Нас теснят, окружают вещи, предметы, мебель, беспорядок – эта мертвая фауна, которая увеличивается с годами, беспокоит при переезде, считается необходимой для жизни. Никогда прежде во время этой войны человек не был так жестоко лишен окружения вещей, среди которых он живет.
Казимеж Быка
…познание хотя и должно отображать пресловутую фатальную прямолинейность последовательности побед и поражений, однако при этом должно обращаться и ко всему, что не было охвачено этой динамикой, а было утрачено по дороге, – к тем, так сказать, отходным материалам и слепым пятнам, которые ускользнули от диалектики. <…> Теория вынуждена обращаться к неправильному, непрозрачному, неохваченному – тому, что хоть и несет в себе по определению нечто анахроничное, однако не растворяется в устаревшем, поскольку подставило подножку исторической динамике.
Теодор Адорно, «Minima Moralia. Размышления из поврежденной жизни»[1]

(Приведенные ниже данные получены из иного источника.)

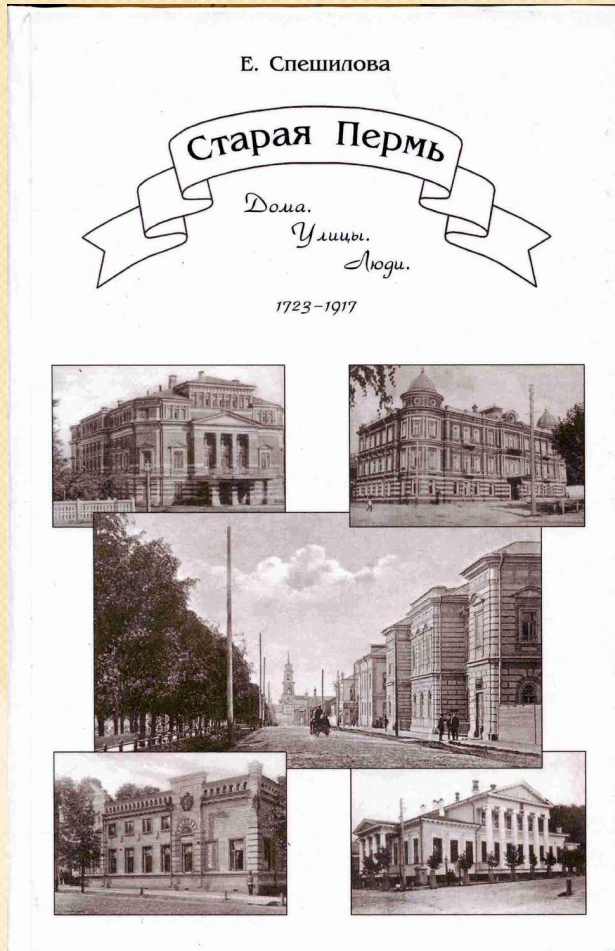

«Поклевские – Козелл в Перми»

По материалам книги
Е. Спешиловой
«Старая Пермь: Дома,
улицы, люди. 1723 -1917гг.»»

Столица Пермской губернии

г. Пермь. Общій видъ

Книга о старой Перми

Первое владение в Перми

Торговый Домъ
НАСЛѢДНИКОВЪ
А. Ф. Павливскаго-Розелль.

Главная Контора въ Талицкомъ заводѣ.
Адресъ почтовый и телеграфный: Ст. Талица, Камыш-
ловскаго уѣзда, Пермской губ.

ПИВО
Талицкаго пивовареннаго завода.
Склады: въ Перми, Екатеринбургѣ, Ирбитѣ, Камышловѣ,
Шадринскѣ, Н.-Тагилѣ, Челябинскѣ, Курганѣ, Омскѣ и проч.

Объективизация Холокоста как текста
Холокост ассоциируется у нас с человеческой трагедией. Поэтому горы предметов, награбленных у убитых владельцев, кажутся менее важными и их историям не придается значения. Однако со временем материальные остатки – украшения, обувь, одежда, даже волосы жертв – стали доминирующей метонимией Холокоста. Помещенные в музеи или мемориальные комплексы и упорядоченные профессиональными кураторами, эти предметы теперь выступают как наиболее убедительная и осязаемая реальность Холокоста. Эти сохранившиеся предметы, если относиться с должным уважением к их подлинности, подтверждают факт геноцида. Обычные и скромные вещи наделяются уникальной репрезентативной силой: награбленные или обмененные на жизнь, они – источник многочисленных нарративов Холокоста.
В большинстве случаев биография предмета продолжается до тех пор, пока он сохраняет способность служить своему владельцу. Один из внушающих беспокойство эффектов, вызванных экспонатами в музеях Холокоста, заключается в обратном: зрители сталкиваются с безжизненными вещами, которые были в пригодном состоянии разлучены с их владельцами, и, таким образом, не только видят в этих покинутых предметах трагический конец их владельцев, но и считывают истории нарушенной близости и вынужденного расставания. Поскольку Холокост уже отделен от нас временной дистанцией, его близость менее ощущается, его материальные остатки и нематериальные следы проявляются в основном через метонимию, которая позволяет этим фрагментам говорить от имени существовавшего в прошлом целого. Напряжение между такими собранными материальными остатками и их первоначальной функциональностью подчеркивает силу метонимии: это напряжение связывает память о Холокосте с разнообразными процессами последующей эпохи, в ходе которых уцелевшие предметы рассказывали о человеческих жизнях и о том, как эти жизни закончились. Зритель подходит к материальному наследию Холокоста, чтобы распознать его метонимические конфигурации и тем самым задать вопросы о его постижимом значении.